╭──

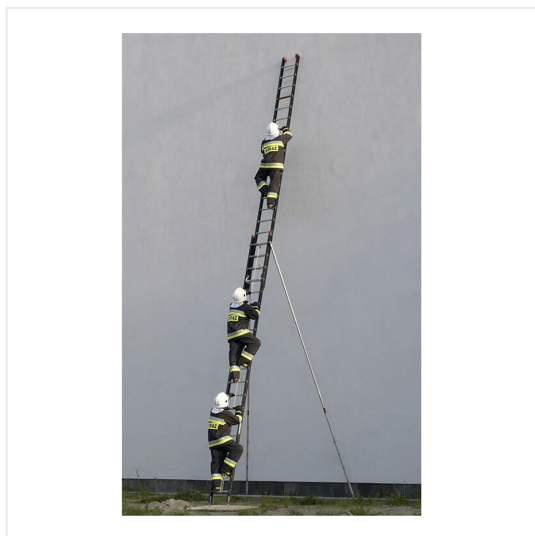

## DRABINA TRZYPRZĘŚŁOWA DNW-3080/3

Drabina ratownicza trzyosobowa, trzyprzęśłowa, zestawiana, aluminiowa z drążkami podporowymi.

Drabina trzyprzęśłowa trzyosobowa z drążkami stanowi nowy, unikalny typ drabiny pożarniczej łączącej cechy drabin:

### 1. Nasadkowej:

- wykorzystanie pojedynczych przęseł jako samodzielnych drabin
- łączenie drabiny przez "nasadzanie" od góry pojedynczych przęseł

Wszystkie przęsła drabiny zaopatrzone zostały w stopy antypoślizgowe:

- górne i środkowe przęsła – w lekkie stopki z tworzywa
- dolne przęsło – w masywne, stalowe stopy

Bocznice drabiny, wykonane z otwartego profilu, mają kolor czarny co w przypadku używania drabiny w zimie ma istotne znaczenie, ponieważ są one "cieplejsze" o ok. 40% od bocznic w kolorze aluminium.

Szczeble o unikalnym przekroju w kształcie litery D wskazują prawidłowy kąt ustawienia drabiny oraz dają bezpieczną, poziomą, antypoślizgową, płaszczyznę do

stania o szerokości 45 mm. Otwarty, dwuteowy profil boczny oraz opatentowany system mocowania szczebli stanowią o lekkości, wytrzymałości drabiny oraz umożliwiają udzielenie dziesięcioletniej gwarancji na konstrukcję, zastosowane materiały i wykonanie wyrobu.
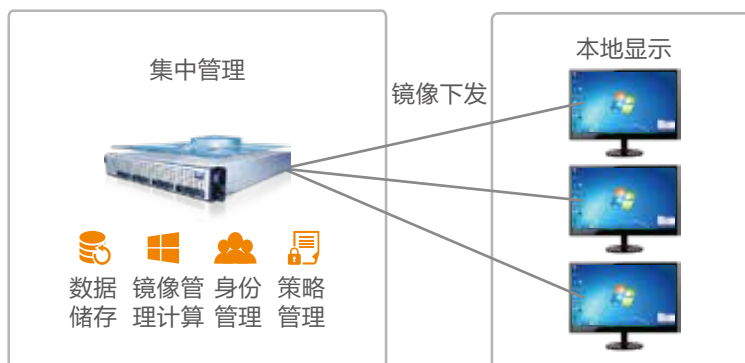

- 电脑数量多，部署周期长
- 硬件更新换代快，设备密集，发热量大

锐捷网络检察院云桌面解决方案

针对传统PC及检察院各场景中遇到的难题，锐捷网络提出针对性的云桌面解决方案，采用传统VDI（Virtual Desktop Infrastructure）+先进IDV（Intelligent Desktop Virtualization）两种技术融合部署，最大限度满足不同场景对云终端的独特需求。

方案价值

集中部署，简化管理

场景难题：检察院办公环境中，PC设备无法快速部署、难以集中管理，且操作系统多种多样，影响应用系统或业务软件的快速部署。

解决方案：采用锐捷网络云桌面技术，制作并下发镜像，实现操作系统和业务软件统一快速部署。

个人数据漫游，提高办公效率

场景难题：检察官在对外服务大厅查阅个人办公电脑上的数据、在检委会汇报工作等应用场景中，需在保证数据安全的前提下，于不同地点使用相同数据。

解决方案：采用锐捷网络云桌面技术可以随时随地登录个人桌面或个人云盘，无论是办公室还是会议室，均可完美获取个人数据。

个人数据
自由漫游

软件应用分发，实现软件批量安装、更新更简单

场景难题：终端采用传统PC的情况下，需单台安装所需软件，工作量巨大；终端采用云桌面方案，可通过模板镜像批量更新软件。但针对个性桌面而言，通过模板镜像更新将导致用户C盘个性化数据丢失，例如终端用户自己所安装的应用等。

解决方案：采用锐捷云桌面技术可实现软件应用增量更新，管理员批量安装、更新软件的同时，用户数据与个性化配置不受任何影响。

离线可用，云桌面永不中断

╰──
╭──

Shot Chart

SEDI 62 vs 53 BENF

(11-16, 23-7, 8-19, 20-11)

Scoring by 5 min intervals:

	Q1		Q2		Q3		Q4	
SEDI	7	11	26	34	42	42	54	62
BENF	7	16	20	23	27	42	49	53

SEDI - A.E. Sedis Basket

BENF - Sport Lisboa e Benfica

╰──
╭──

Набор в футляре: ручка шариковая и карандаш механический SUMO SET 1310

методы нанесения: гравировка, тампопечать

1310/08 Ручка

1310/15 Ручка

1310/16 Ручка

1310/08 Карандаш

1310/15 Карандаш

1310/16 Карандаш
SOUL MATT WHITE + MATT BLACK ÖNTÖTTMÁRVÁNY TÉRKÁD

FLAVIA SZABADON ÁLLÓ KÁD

╰──

• **WHAT TO WORK ON**: Gather all lines from the listing above in which "trzyosobowa" occurs.

• **SOLUTION FOR THIS EXERCISE**:
Drabina ratownicza trzyosobowa, trzyprzęśłowa, zestawiana, aluminiowa z drążkami podporowymi.
Drabina trzyprzęśłowa trzyosobowa z drążkami stanowi nowy, unikalny typ drabiny pożarniczej łączącej cechy drabin:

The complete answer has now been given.